» WHAT THE EXERCISE ASKS:
Return each line of the entries that holds the string "Zone".

» RECORDS SUPPLIED:
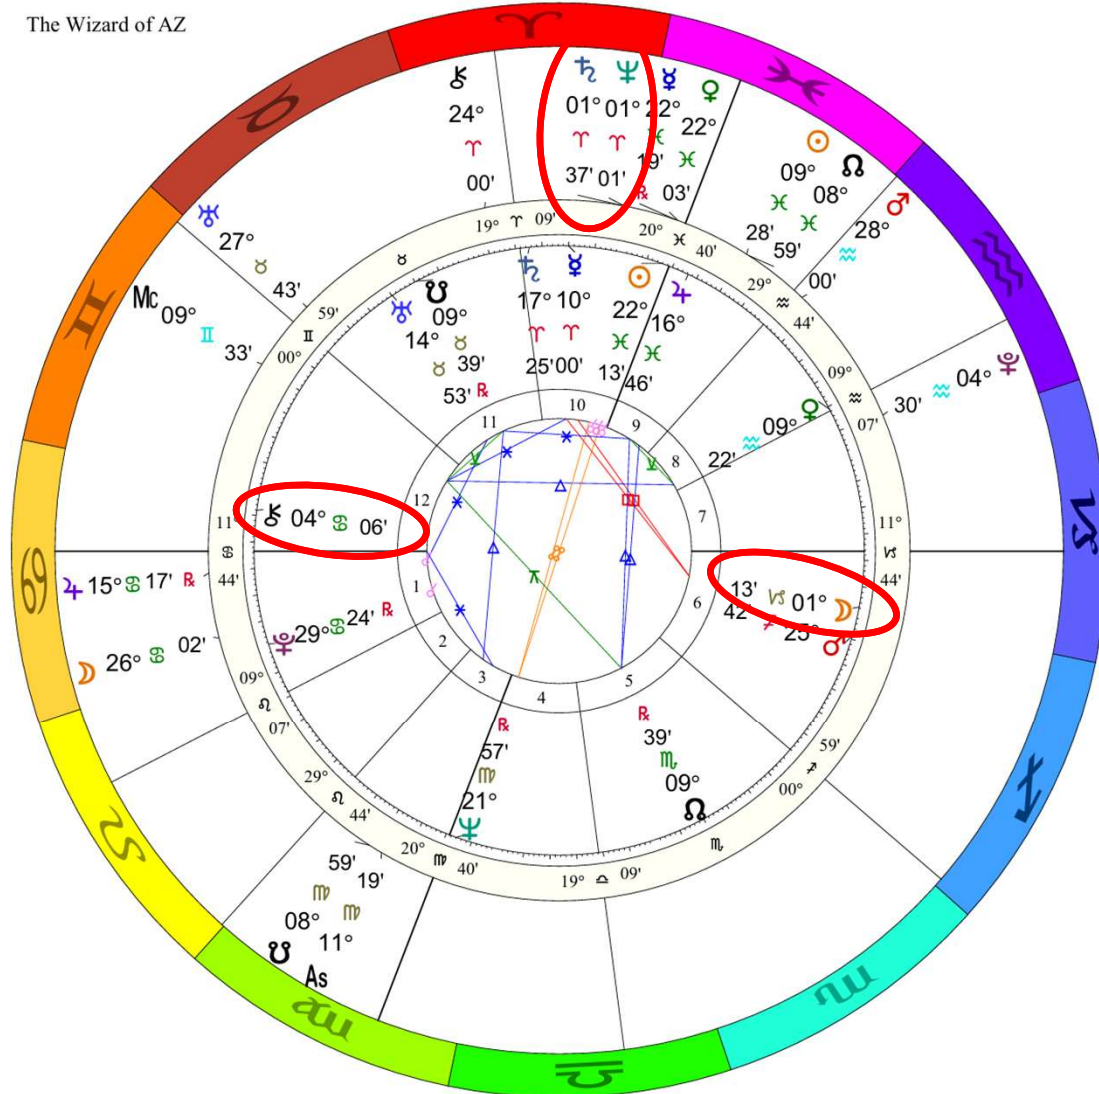

Doc Benton
The Wizard of AZ

Inner Ring:
Neil Sedaka
March 13, 1939
12:00 PM
Brooklyn Heights, New York
40 N 42 74 W 00
Standard Time
Time Zone: 5 hours West
Tropical Campanus
NATAL CHART

Outer Ring:
Transits
February 27, 2026
6:27:35 PM
Scottsdale, Arizona
33N30'33" 111W53'54"
Standard Time
Time Zone: 7 hours West
Tropical 0-Aries
NATAL CHART

**Neil Sedaka death
Biwheel
February 27, 2026
(no birth time)**

**t. Saturn/Neptune
square n. Chiron/Moon
(maybe)**

♄♂♀	1°23's	♃♂♂	0°12'a
♃♂♂	0°24's	♂♂♂	0°21'a
♀♂♂	0°11's	♂♂♂	0°24'a
♂♂♂	0°06's	♂♂♂	0°25'a
♂♂♂	0°05's	♂♂♂	0°27'a
♂♂♂	0°05'a	♂♂♂	0°40'a
♂♂♂	0°05'a	♂♂♂	0°40'a
♂♂♂	0°05'a	♂♂♂	1°38'a
♂♂♂	0°11'a	♂♂♂	3°23'a
♂♂♂	0°11'a	♂♂♂	3°33'a
♂♂♂	0°11'a

» ANSWER TO THIS TASK:
Time Zone: 5 hours West
Time Zone: 7 hours West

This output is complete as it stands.